Trabalhaste com os dois pilotos que toda a gente vê como os futuros campeões e dominadores da Fórmula 1, o Max Verstappen e o Charles Leclerc. Como é que os vossos caminhos se cruzaram? Quando o Max saiu dos karts veio fazer alguns testes connosco e depois participou na tal Florida Winter Series, em 2014, um programa que organizámos como se fosse uma universidade do desporto automóvel, com 15 pilotos. Estivemos um mês e meio na Florida e havia de tudo, corridas, testes, aulas de engenharia, de mecânica. Ele acaba depois por não ir para a Prema, mas sim para a equipa rival na Fórmula 3, por isso lidei com ele como meu piloto e como adversário. Nós ganhamos esse ano com o Ocon, ele fica em 3.º e o segredo desse campeonato é que à terceira corrida nós tínhamos 90 pontos de vantagem. E porquê? Por causa da impetuosidade do Max, que nós tínhamos tentado acalmar na Florida. Ele nas três primeiras corridas do ano, a tentar ultrapassagens mirabolantes, bateu três vezes na primeira volta! Já o Charles Leclerc testou várias vezes com a Prema na Fórmula 3, mas depois decide precisamente ir substituir o Verstappen e tornar-se nosso adversário. Mais tarde vem finalmente para a Prema na Fórmula 2 e foi aí que trabalhei com ele em várias corridas, não em todas porque foi no ano em que fui para a Fórmula 1, para o ano de estreia do Lance Stroll na Williams.

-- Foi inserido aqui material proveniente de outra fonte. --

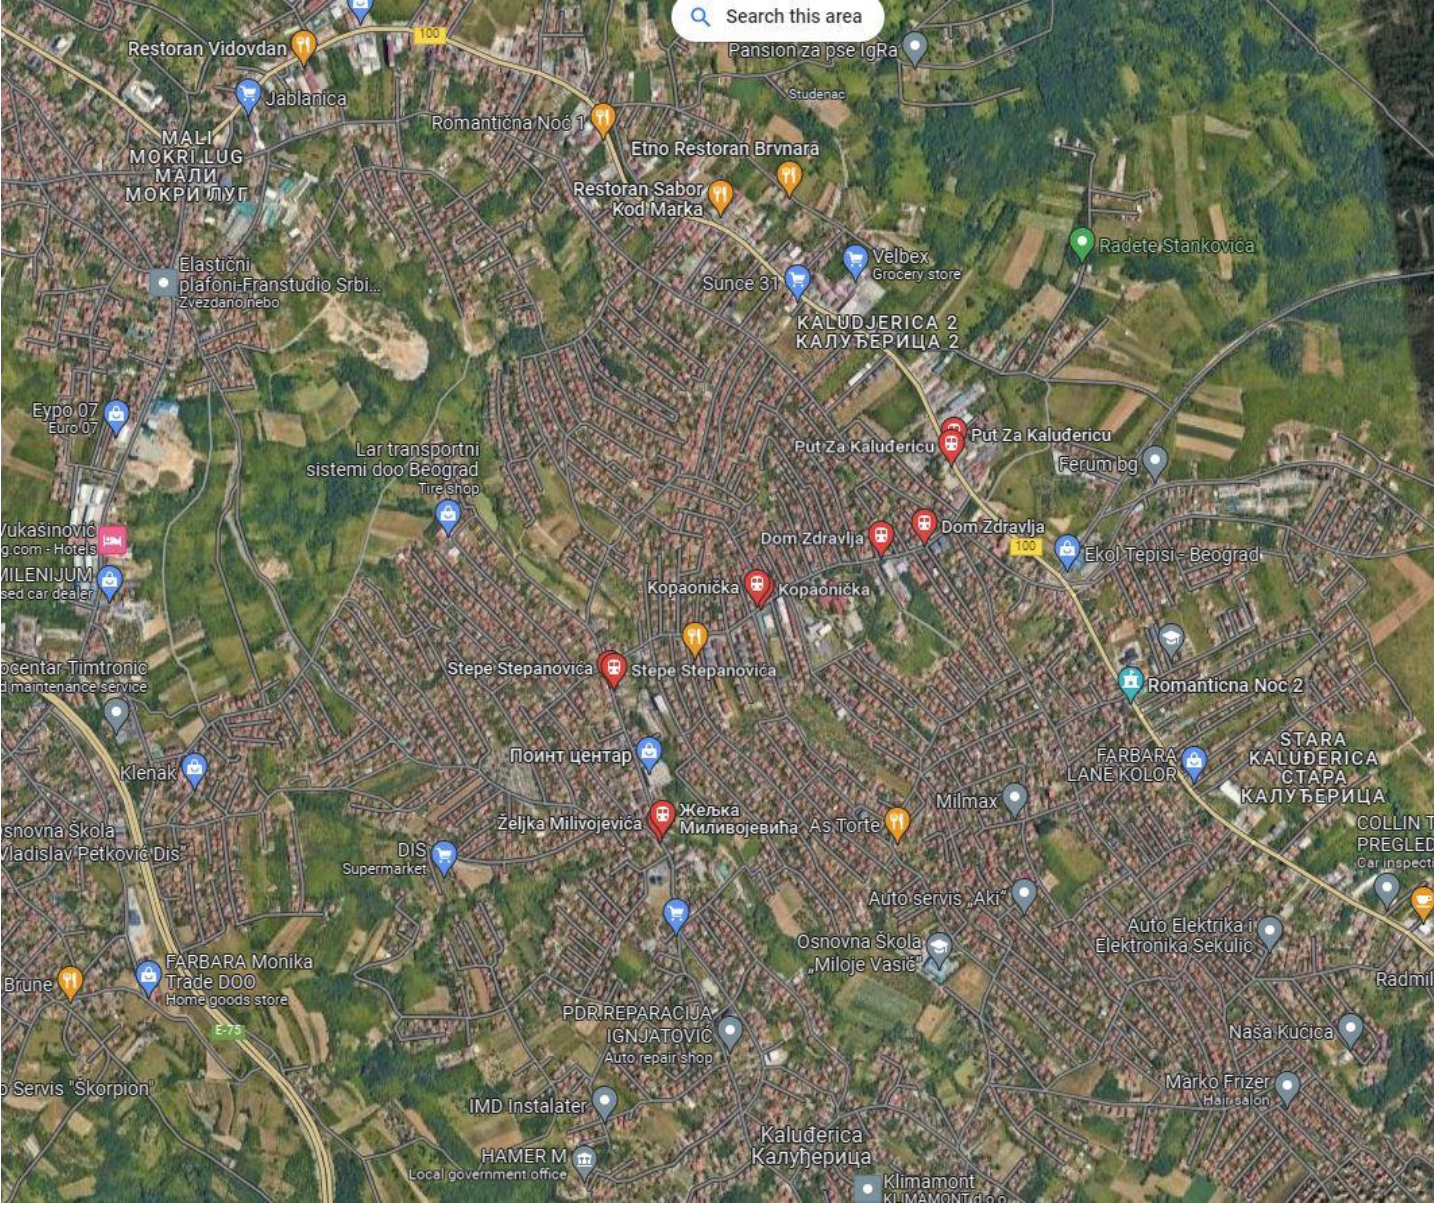

**Sigurnost
žena i devojčica**
u javnom prostoru

Презентација стања на четири одабране локације (фото документација)

друга и трећа тематска радионица
унапређења јавних политика урбаног планирања

Локација 1: ВРАЧАР

од Булевару краља Александра до Каленић пијаце

Видео,
Булеваром
крз
Млатишумину

Синђелићево сокаче, спој са Милешевском

видео: дан/ноћ

Кроз Трнску

„црвени паркић”

пречице и пролази
хијерархија простора
излози
грађанске иницијативе

Локација 2: НОВИ БЕОГРАД - блок 70

Пролаз од Јурија Гагарина ка унутрашњости блока

Видео
материјал
1,2,3

Локација 3: НОВИ БЕОГРАД, парк Ушће

Пре реконструкције
парка (март) 2017

Октобар 2017

Локација 4: КАЛУЂЕРИЦА

Главна улица Краља Петра Првог

Споредне, бочне улице,
нестандардне регулације,
слепи завршеци

Já na altura dava para perceber que tinham talento fora do comum? O Charles desde o primeiro teste vimos que era especial. É muito inteligente, excelente comunicador e tem um excelente espírito de equipa. E uma força psicológica que para mim é extraordinária. Entre ele e o Max, em termos de talento natural, diria que estão ao mesmo nível. O Max é mais impetuoso, mais tudo ou nada, mais exuberante. Se tivesse de escolher um piloto para recuperar lugares numa corrida, era nele que eu punha a minha aposta. É um piloto capaz de ir além do limite do carro para conseguir um resultado. O Leclerc é mais cerebral, mais inteligente, igualmente rápido mas mais fino, mais polido na condução. E com a tal força mental incrível, porque não tem tido uma vida fácil.
Até porque perdeu várias pessoas importantes na sua vida nos últimos anos. Ele perdeu o pai dois dias antes de uma corrida. Chegou lá e ninguém sabia como é que havia de lidar com aquilo e ele disse só "não se preocupem, eu estou bem, vamos correr". E depois fez pole position, volta mais rápida e ganhou as duas corridas. Que nível de força mental tem de ter um miúdo de 20 anos para aguentar isto? Perdeu também o seu padrinho, o seu mentor, o Jules Bianchi, e agora em Spa perde um amigo de infância, com quem correu nos karts, o Anthoine Hubert. E ganha a corrida. Pergunto-me, o que é que o deita abaixo?
É possível olhar para um piloto e ao primeiro teste perceber que ele vai chegar longe? Sim. Há alturas que num primeiro teste que um piloto faz connosco que tu dizes "pá, este é especial, se não tiver nenhum azar vai chegar à Fórmula 1". O primeiro teste que o Esteban Ocon faz connosco na Fórmula 3 foi em Imola e eu lembro-me de ir para as duas últimas curvas do circuito, que são duas curvas muito exigentes, muito rápidas. O Ocon chega lá, sem nunca ter andado num Fórmula 3, e no primeiro run faz menos meio segundo que o nosso piloto de referência na altura. Até lhe perguntámos se ele nunca tinha mesmo andado num Fórmula 3. Ele só nos dizia: "Não, não. Mas gosto!" E nós a torcer o nariz, a pensar que aquele gajo nos estava a enganar. Chegámos a ir investigar e era verdade, nunca tinha andado. Já tinha uma confiança e um à-vontade incríveis. Eu ainda nesse dia disse ao dono da equipa: "Se puderes assinar hoje, assina já". Com o Leclerc foi a mesma coisa. E quando o Stroll andou pela primeira vez num Fórmula 3 fez melhor que o Ocon no dia anterior. Porque nas curvas rápidas ele era muito rápido. Nas lentas é mais fácil trabalhar, nas rápidas aquilo é coração ou outra coisa que não se pode dizer [risos]. Por isso sim, há ocasiões em que tu vês uma volta e a maneira como um piloto sai do carro e dizes: este é especial.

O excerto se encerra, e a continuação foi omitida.